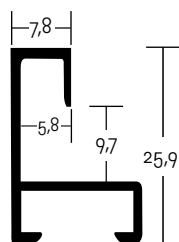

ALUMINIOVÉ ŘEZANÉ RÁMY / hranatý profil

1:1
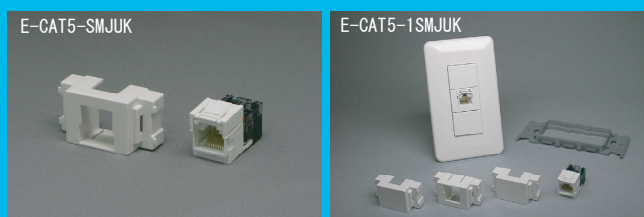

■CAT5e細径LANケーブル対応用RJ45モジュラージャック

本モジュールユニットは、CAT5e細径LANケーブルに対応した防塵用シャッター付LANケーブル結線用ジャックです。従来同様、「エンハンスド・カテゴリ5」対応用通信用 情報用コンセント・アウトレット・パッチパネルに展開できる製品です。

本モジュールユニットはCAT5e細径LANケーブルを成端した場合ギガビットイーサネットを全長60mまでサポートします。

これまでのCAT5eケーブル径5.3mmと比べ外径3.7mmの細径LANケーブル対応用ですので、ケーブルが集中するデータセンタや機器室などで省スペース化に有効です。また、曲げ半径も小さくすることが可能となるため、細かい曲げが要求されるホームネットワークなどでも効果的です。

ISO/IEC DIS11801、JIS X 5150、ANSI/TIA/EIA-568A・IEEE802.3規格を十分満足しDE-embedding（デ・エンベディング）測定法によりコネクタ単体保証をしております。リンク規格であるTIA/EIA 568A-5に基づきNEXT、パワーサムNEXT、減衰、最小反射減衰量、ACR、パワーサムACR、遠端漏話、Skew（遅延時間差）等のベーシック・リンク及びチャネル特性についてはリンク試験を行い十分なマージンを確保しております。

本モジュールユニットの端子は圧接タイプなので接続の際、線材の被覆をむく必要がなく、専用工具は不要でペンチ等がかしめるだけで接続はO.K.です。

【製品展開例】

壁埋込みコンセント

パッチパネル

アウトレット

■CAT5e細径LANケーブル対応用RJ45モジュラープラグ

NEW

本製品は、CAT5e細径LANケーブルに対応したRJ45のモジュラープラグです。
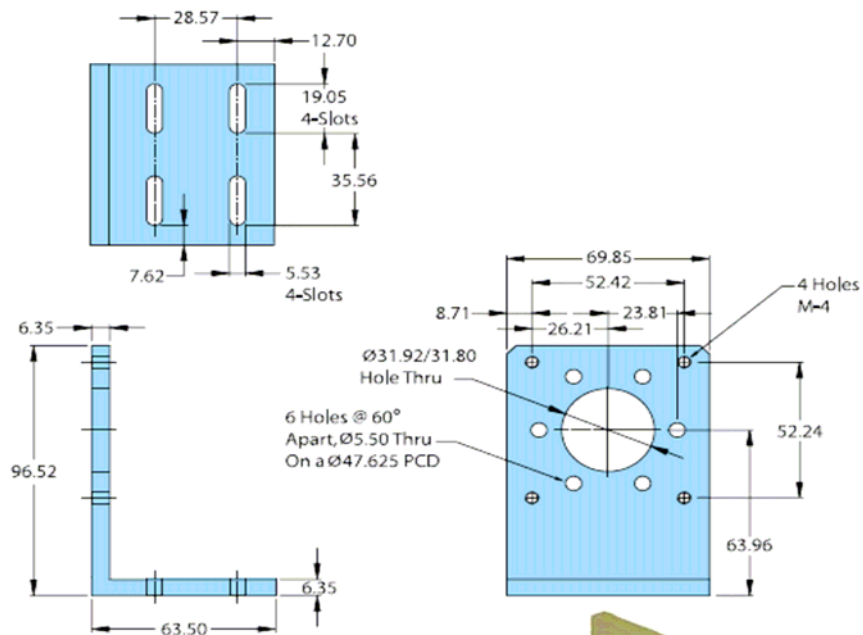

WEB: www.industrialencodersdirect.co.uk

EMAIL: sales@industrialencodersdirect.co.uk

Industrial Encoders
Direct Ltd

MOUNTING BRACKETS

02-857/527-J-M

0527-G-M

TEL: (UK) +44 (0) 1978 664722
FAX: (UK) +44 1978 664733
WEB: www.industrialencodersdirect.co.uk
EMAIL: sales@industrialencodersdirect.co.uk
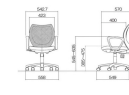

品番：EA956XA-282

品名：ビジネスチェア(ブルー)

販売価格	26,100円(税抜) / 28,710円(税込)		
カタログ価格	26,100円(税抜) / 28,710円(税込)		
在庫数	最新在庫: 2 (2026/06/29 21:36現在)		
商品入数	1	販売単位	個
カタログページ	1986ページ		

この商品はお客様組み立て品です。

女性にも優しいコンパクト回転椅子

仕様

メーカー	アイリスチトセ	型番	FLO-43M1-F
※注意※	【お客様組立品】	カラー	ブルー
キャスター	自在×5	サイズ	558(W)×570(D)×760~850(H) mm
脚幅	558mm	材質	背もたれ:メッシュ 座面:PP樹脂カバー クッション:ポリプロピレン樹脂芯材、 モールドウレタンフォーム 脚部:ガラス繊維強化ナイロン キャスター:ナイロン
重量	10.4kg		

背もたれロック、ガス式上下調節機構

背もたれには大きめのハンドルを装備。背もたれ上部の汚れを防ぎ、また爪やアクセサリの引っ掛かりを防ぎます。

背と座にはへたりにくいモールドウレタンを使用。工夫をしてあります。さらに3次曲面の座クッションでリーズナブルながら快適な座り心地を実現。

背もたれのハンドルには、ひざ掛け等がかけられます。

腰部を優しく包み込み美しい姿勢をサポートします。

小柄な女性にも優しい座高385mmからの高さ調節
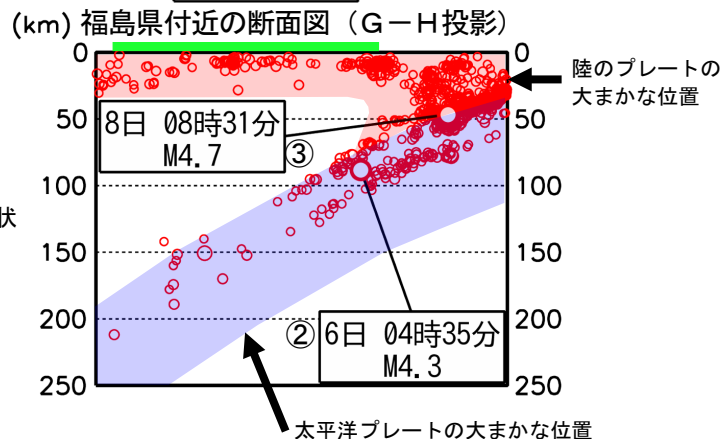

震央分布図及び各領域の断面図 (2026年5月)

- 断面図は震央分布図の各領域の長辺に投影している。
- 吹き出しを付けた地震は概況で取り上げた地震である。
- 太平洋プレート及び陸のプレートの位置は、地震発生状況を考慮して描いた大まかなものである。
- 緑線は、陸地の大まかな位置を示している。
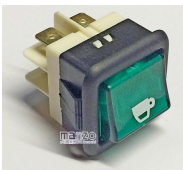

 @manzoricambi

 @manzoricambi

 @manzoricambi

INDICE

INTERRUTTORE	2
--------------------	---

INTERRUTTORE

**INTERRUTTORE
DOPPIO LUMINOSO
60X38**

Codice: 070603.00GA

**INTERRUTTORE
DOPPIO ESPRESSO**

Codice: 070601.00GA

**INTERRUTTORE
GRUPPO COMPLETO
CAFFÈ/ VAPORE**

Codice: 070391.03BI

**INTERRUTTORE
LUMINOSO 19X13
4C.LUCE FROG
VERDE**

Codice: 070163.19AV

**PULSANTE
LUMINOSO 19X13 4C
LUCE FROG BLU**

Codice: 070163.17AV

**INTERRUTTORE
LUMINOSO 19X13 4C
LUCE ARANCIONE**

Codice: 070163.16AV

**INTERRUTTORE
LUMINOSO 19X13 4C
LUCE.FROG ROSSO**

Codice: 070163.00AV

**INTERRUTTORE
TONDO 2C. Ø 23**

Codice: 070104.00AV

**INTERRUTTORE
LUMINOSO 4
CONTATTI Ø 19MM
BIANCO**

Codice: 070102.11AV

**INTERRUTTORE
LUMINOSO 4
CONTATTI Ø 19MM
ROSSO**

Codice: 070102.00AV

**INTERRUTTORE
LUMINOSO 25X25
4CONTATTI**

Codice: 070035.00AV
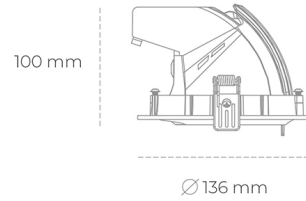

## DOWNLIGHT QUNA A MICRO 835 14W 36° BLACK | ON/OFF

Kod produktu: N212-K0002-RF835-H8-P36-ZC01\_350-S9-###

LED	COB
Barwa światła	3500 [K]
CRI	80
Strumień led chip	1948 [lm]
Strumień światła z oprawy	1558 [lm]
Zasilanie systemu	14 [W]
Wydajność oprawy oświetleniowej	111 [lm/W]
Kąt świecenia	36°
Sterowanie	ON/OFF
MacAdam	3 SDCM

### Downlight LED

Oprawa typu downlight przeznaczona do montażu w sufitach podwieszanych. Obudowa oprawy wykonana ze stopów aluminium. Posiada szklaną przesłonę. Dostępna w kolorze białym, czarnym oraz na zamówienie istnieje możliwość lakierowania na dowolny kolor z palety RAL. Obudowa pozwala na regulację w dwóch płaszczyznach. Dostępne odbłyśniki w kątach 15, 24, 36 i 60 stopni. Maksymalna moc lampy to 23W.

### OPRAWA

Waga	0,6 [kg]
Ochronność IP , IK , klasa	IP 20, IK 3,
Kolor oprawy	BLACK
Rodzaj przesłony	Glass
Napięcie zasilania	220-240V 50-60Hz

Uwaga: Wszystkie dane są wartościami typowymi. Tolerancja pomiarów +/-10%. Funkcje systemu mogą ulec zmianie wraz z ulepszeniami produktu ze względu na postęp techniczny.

——

▸ **EXERCISE AIM**
Scan the records above for the string "systemu", then copy each line where it turns up.

▸ **RESULT FOR THIS EXERCISE**
Zasilanie systemu	14 [W]
Uwaga: Wszystkie dane są wartościami typowymi. Tolerancja pomiarów +/-10%. Funkcje systemu mogą ulec zmianie wraz z ulepszeniami produktu ze względu na postęp techniczny.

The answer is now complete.